Understanding the Deceptive Opinion Spam Dataset

Before you go ahead and load in the data, it’s good to take a look at what you’ll exactly be working with! The Deceptive opinion spam dataset is a corpus consisting of truthful and deceptive hotel reviews of 20 Chicago hotels. The data is described in two papers according to the sentiment of the review. In particular, the article discusses positive sentiment reviews in 1 and negative sentiment reviews in 2, feel free to refer to the papers for more in-depth knowledge.

The corpus contains:

  • 400 truthful, positive reviews from TripAdvisor
  • 400 deceptive positive reviews from Mechanical Turk
  • 400 truthful, negative reviews from Expedia, Hotels.com, Orbitz, Priceline, TripAdvisor, and Yelp
  • 400 deceptive negative reviews from Mechanical Turk

In total you have 1600 reviews, your task will be to classify the truthful and deceptive hotel reviews using a machine learning algorithm.

So, Let’s get started!

Import all required modules

You start with importing all the required modules like os, pandas, nltk, regex and most importantly Sklearn since in today’s tutorial you will be using a machine learning algorithm Support Vector Machine that is provided by the Sklearn library!

You will need os for iterating over the folders and subfolders in which the text files reside, fnmatchwill come handy for filtering only the text files and ignore everything else present in the folders, pandas will help you in putting your data in the form of rows and columns and you can perform various data manipulations using pandas. Regex helps in extracting data based on the pattern you specify it to match so that you will need that too! Nltk is a natural language toolkit which will help you to remove stopwords which you do not want your model to learn. Then most importantly you will import Sklearn that will provide you a bunch of libraries which you will use to manipulate the data, vectorize the data, learn the boundary between the data points using a machine learning algorithm and finally plot the accuracy.

import os
import fnmatch
from textblob import TextBlob
import pandas as pd
from sklearn.feature_extraction.text import TfidfVectorizer
from nltk.corpus import stopwords
from nltk import pos_tag,pos_tag_sents
import regex as re
import operator
from sklearn.svm import SVC, LinearSVC
from sklearn.metrics import classification_report, accuracy_score, confusion_matrix
from sklearn.cross_validation import train_test_split  
from sklearn import metrics
from sklearn import svm
from sklearn.grid_search import GridSearchCV
import pickle
from nltk.corpus import stopwords

Fetch all text files from the path and extract the labels from it and create a dataframe of the labels

Figure: Structure of the Data

After importing the libraries, your next task is to extract the labels of the data. The labels will help the model in discriminating between the reviews, whether a particular review belongs to a truthful or a deceptive class.

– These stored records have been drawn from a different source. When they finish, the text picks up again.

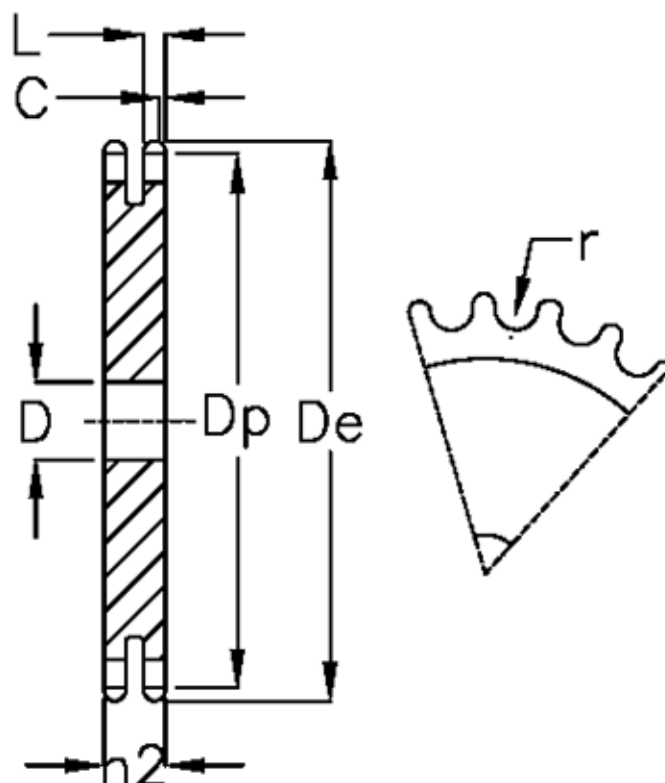

Varenummer: 616022006075
Beskrivelse: Pladehjul 10 B-2 Z=75 duplex

Mål

Antal tænder	= 75	L = 9
C	= 2	r = 10.16
D	= 25	
De	= 387.1	
Dp	= 379.09	
For kædebetegnelse	= 10 B-2	
For kæde størrelse	= 5/8 x 3/8	
h2	= 25.5	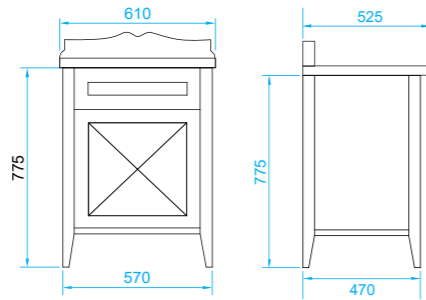

Vetra тумба напольная (ш 60 в 92 г 52)

15-3193WL	White	
15-3193NL	Noce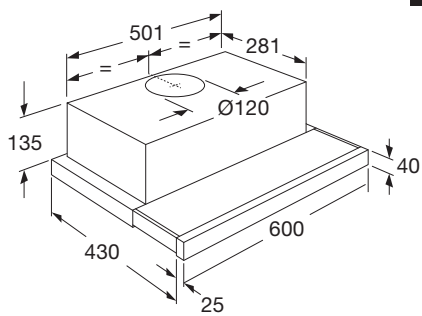

T4335TRVS

49

50

51

52

53

54

55

56

57

58

59

60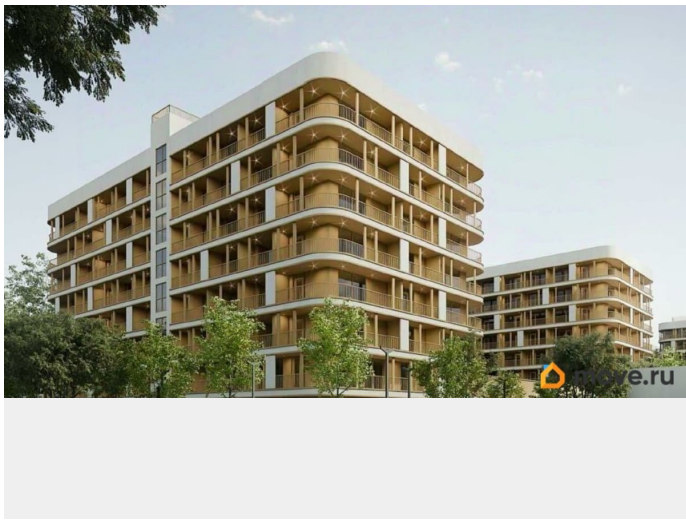

move.ru

Move.ru - вся недвижимость России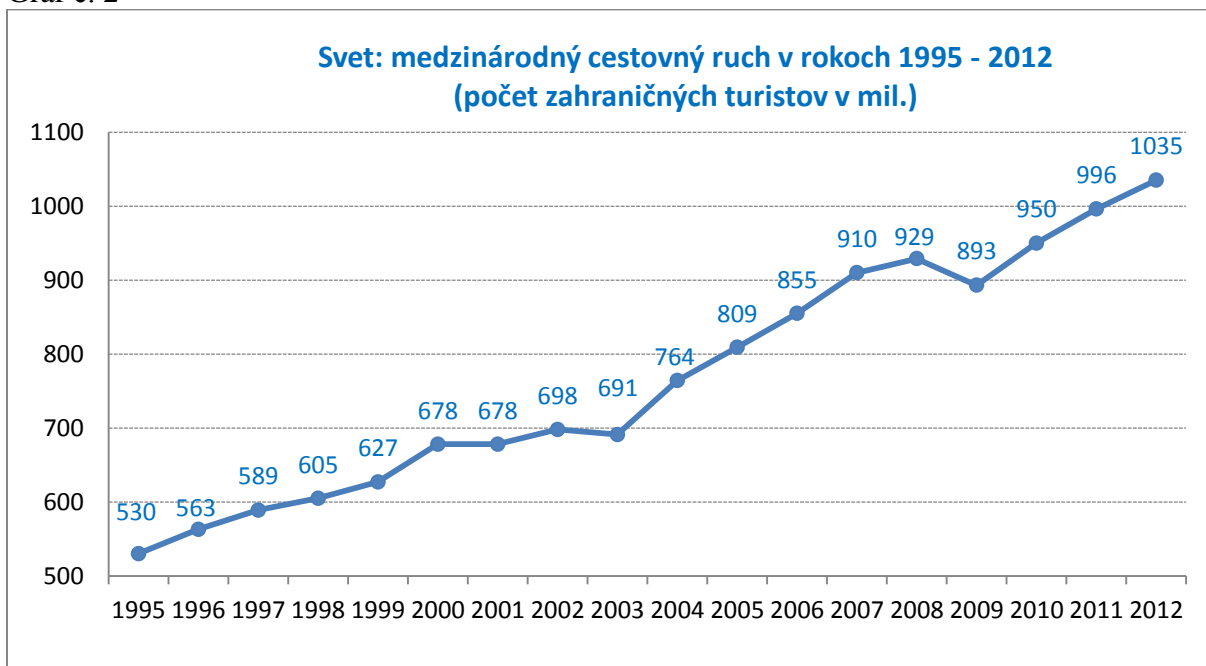

Grafické znázornenie údajov uvedených v Stratégii rozvoja cestovného ruchu do roku 2020

Graf č. 1

Zdroj: Svetová organizácia cestovného ruchu (UNWTO)

Graf č. 2

Zdroj: Svetová organizácia cestovného ruchu (UNWTO)

Graf č. 3

Zdroj: Svetová organizácia cestovného ruchu (UNWTO)

Graf č. 4

Graf č. 5

Zdroj: ŠÚ SR

Vysvetlivky:

AZCR = aktívny zahraničný cestovný ruch

PZCR = pasívny zahraničný cestovný ruchu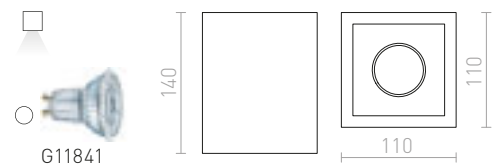

JACK SQ KATTO

230 V LED GU10 15 W

R11957 kipsi

€ 78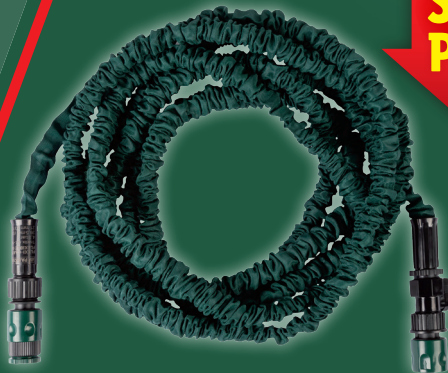

PARKSIDE® **Flexi-Gartenschlauchset**
Passend für Wasserhähne 26,5 mm (G3/4") und 21 mm (G1/2"). Je Stück

auch online

-7€

~~16.99*~~
9.99*

*Letzter Preis auf lidl.de zum Drucktermin

Zubehör

© Angebot ausschließlich für Nutzer der Lidl Plus App. Es gelten die Couponbedingungen in der Lidl Plus App. Mehr Infos unter lidlplus.de. ® Lidl Plus Preis gültig nur für Filialeinkauf. † Coupon nur einmalig einlösbar ‡ Nur Kunden, die Produkte im Lidl Onlineshop erworben haben, können diese ca. zwei Wochen nach Versand über einen personalisierten E-Mail-Link bewerten. Weitere Informationen finden sich auf der jeweiligen Artikelseite auf lidl.de und unter lidl.de/bewertungen/FAQ.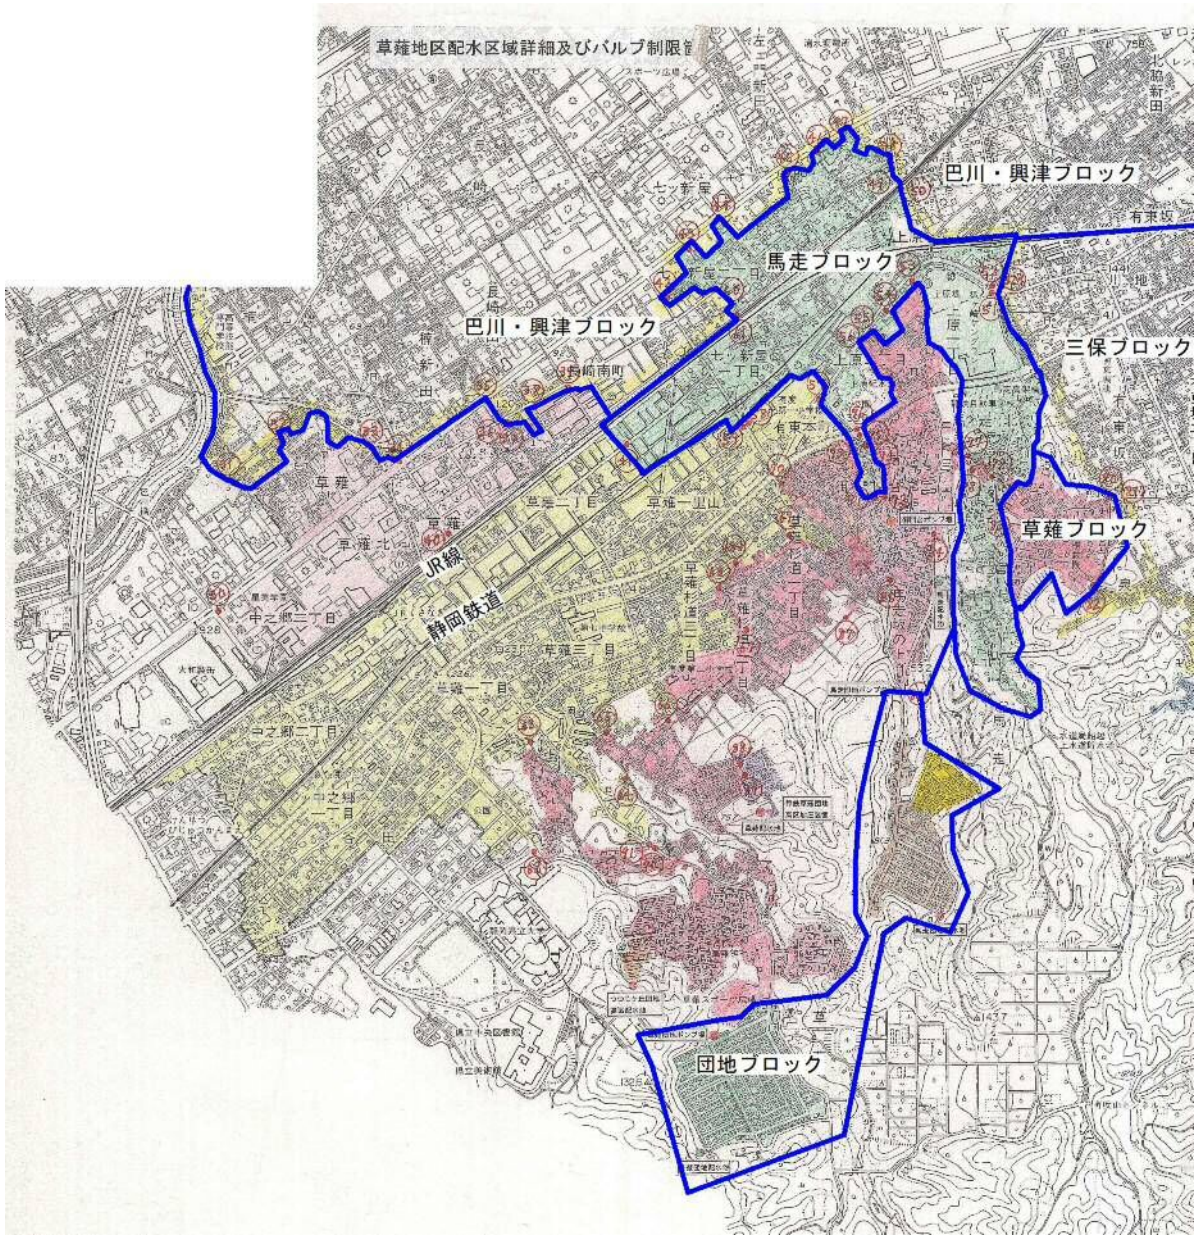

● 清水ナショナルトレーニングセンター

庵原北部ブロック

巴川・興津ブロック

東名

八坂町

八坂工場

草薙地区配水区域詳細及びバルブ制限管

興津川

和田島ブロック (南地区)

巴川・興津ブロック

● 興津小

和田島ブロック（北地区）

和田島ブロック（南地区）

小島小学校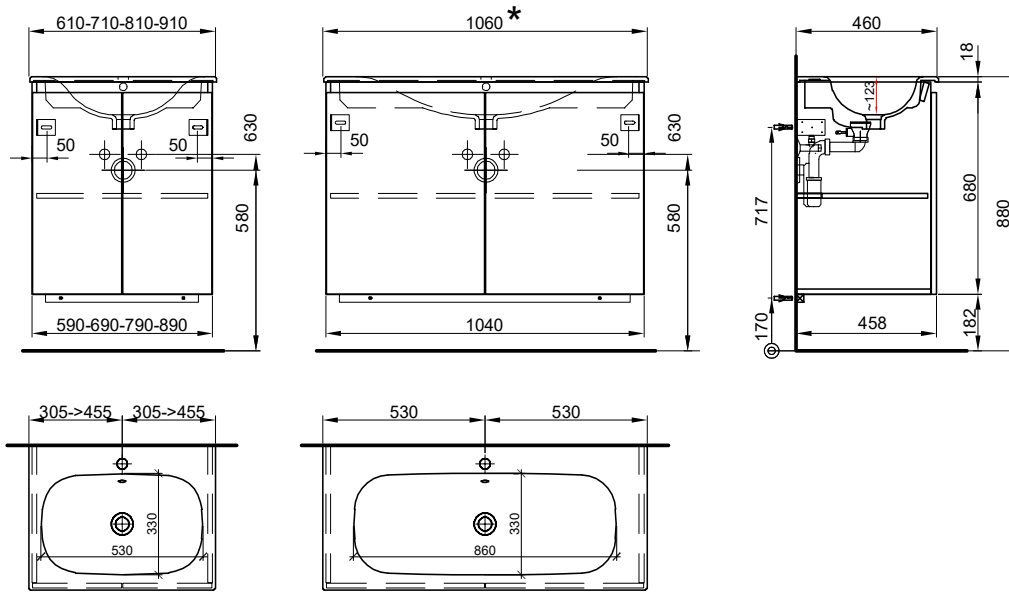

Massaufbau PROMo Organic XL Keramik mit Türen
Mesures de construction PROMo Organic XL céramique avec portes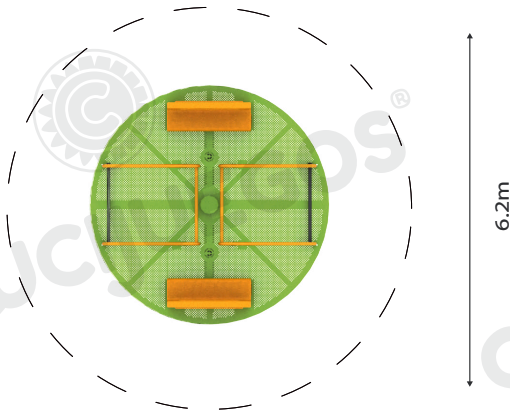

Ficha técnica:

Art. 4149 - Calesita Integradora

– Integradores

Imagen referencial. Para más información ingrese a www.insumos.crucijuegos.com

Capacidad: 8 personas

Rango de edad: 4 a 12 años

Medidas generales: 0.82m x 2.6m x 2.6m

Área de seguridad:  6.2m

Peso: 250kg

Volumen: 2.8m³

Altura de caída: 0.2m

Tiempo de instalación: 1 día

Especificaciones Generales:

Calesita integradora con plataforma metálica y asientos de plástico, adaptada para 2 sillas de ruedas, rodeadas por barandas proporcionando seguridad.

Ideal para instalar en plazas y parques infantiles.

Prever drenajes en el suelo de la batea para evitar la acumulación de agua en la misma (ver en Instructivo de instalación).

Características técnicas:

- **Asientos:** Pieza plástica de Polietileno Rotomoldeado de alta densidad con protección UV.
- **Barandas:** Caño Ø1 1/2" x2mm
- **Piso:** 2 piezas metálica semicirculares cortadas y poliperforadas mediante tecnología láser, con terminación antideslizante.
- **Eje y estructura:**
 - Caño Schedule de Ø90mm x6mm
 - Ejes portarodamientos
 - Rodamientos cónicos y planos
 - Planchuelas 1", 1 1/2", 2", 3" x 3/16"
 - Bulonería antivandánica

Componentes:

Producto preparado para empotrar 0.75m

Área de seguridad

Los juegos requieren de un espacio mínimo para su uso. Este espacio comprende el volumen ocupado por el juego y además una serie de espacios que deben mantenerse libres de obstáculos para asegurar el libre desplazamiento y seguridad de los niños.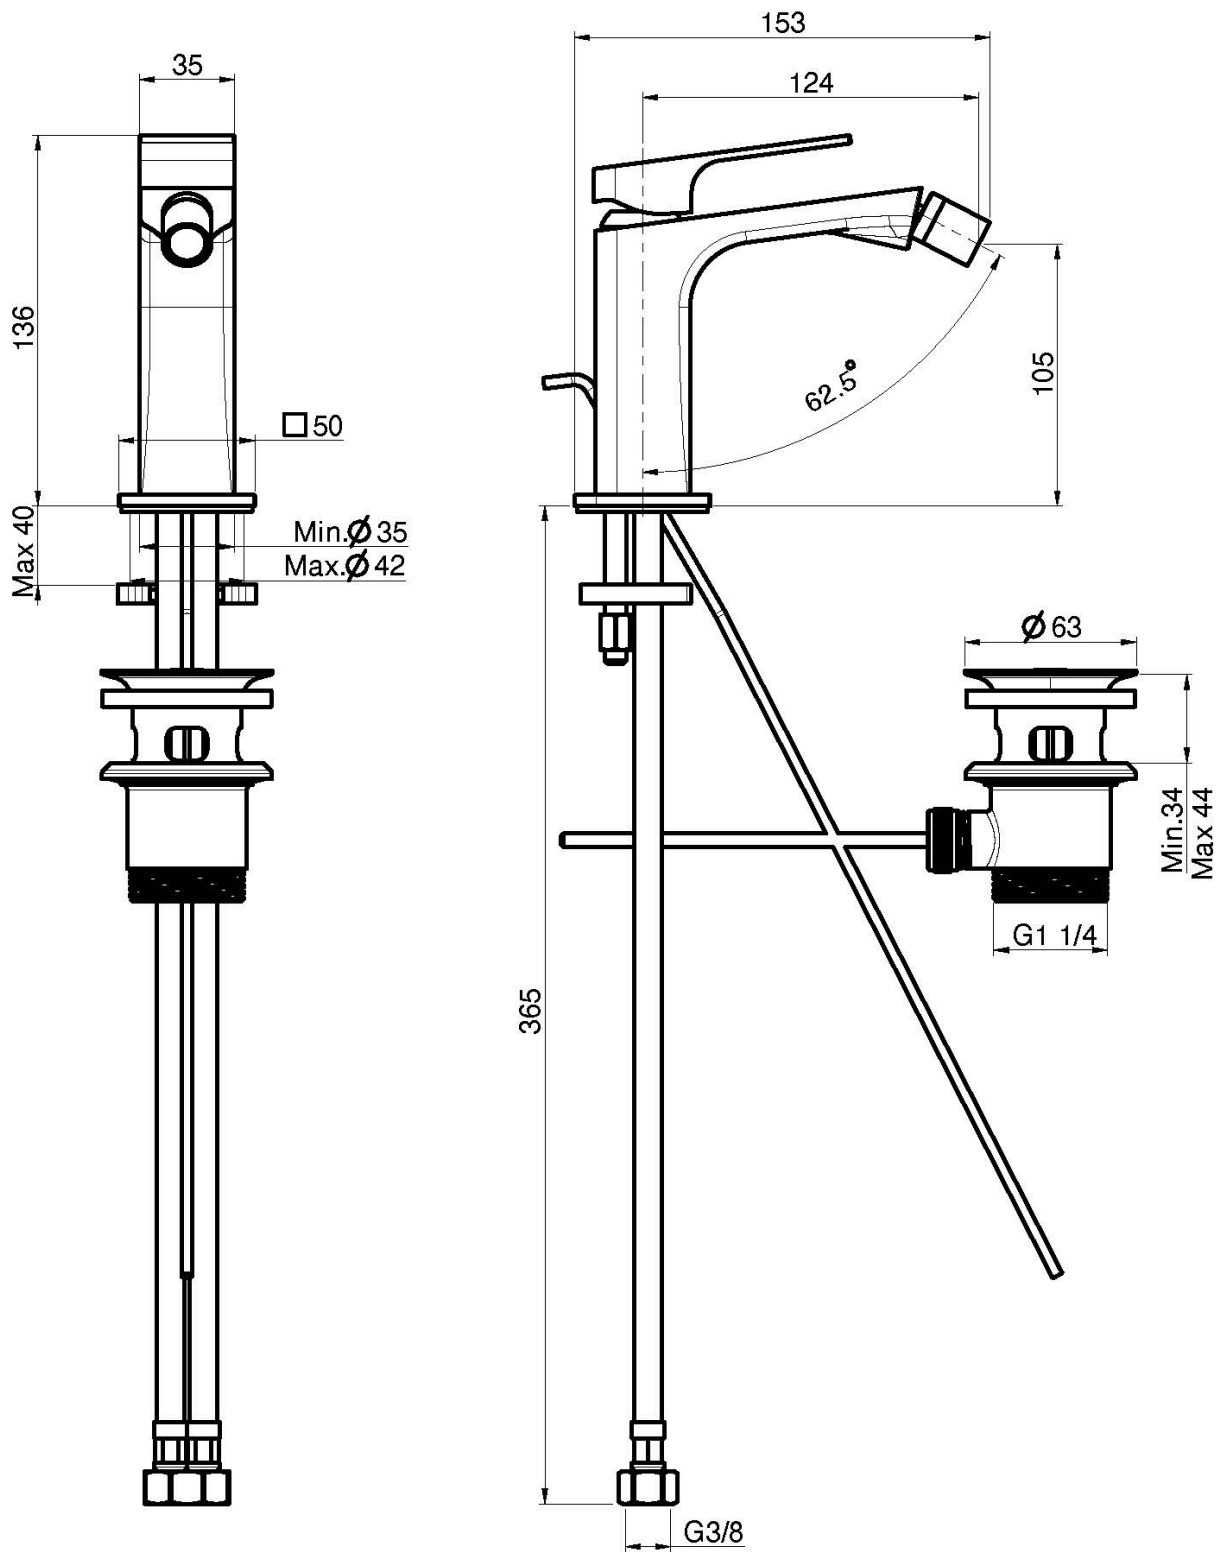

Code F3382

MITIGEUR BIDET

- 2 tuyaux flexibles
- vidage 1"1/4 avec trop plein
- les finitions blanc et noir ont vidage click clack 1" 1/4 avec trop plein
- **produit disponible sans vidage (page 18)**
- **produit disponible avec vidage click clack 1" 1/4 avec trop plein (page 19)**

Finitions

-  CHROMÉ
CR
-  NICKEL BROSSÉ
SN
-  BLANC MAT
BS
-  NOIR MAT
NS

IMAGE

Voir les conditions générales de vente dans notre tarif en vigueur

This drawing is the property of FIMA Carlo Frattini. Any complete or partial reproduction, or any transmission to third party without FIMA Carlo Frattini authorization is forbidden.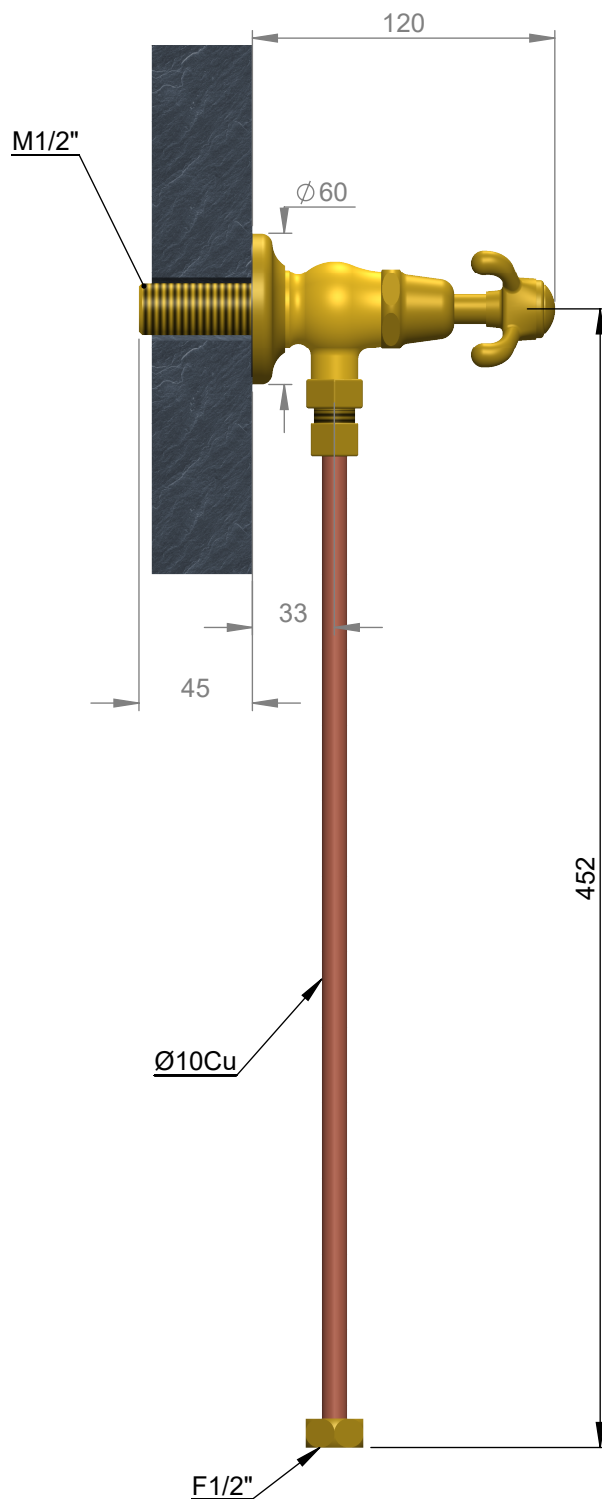

VOLEVATCH

ORFÈVRE DU BAIN

Handcrafted with finest raw materials. Manufacture Volevatch 1 bis place Jean-Jaurès - 80130 Tully

Date / Date :
20/07/2011

Référence : B/00-00-C3

Echelle :
1:3

Tolérances / Tolerances : +/- 5mm
Unités / units : mm³/gr

Matière : Laiton massif
Raw Material : Massive brass

Robinet d'arrêt
1/2 angle valve

Format :
A4

Page : 1 / 1

You will first iterate over all the text files and get the absolute path of all the text files through which you will then extract the corresponding labels.

path = 'op_spam_train/'

label = []

configfiles = [os.path.join(subdir,f)
for subdir, dirs, files in os.walk(path)
    for f in fnmatch.filter(files, '*.txt')]

There should be 1600 paths each representing a new text file. Let’s quickly verify it!

len(configfiles)
1600

Let’s also print one of the text file paths.

configfiles[1]
'op_spam_train/negative_polarity/deceptive_from_MTurk/fold4/d_swissotel_14.txt'

So, from the above output, you can observe that in order to extract the labels we need some kind of filter. And for that, you will use Regex also known as a regular expression.

for f in configfiles:
    c = re.search('(trut|deceptiv)\w',f)
    label.append(c.group())

Once the labels are extracted in a list called label, let’s create a dataframe of the list.

labels = pd.DataFrame(label, columns = ['Labels'])

Let’s print first five rows of the labels dataframe.

labels.head(5)
Labels
0 deceptive
1 deceptive
2 deceptive
3 deceptive
4 deceptive

Fetch all the reviews and append in a list

Once you have extracted all the labels, it’s time to extract the reviews from the text files!

review = []
directory =os.path.join("op_spam_train/")
for subdir,dirs ,files in os.walk(directory):
   # print (subdir)
    for file in files:
        if fnmatch.filter(files, '*.txt'):
            f=open(os.path.join(subdir, file),'r')
            a = f.read()
            review.append(a)

As before, you will now create a dataframe of the review list.

reviews = pd.DataFrame(review, columns = ['HotelReviews'])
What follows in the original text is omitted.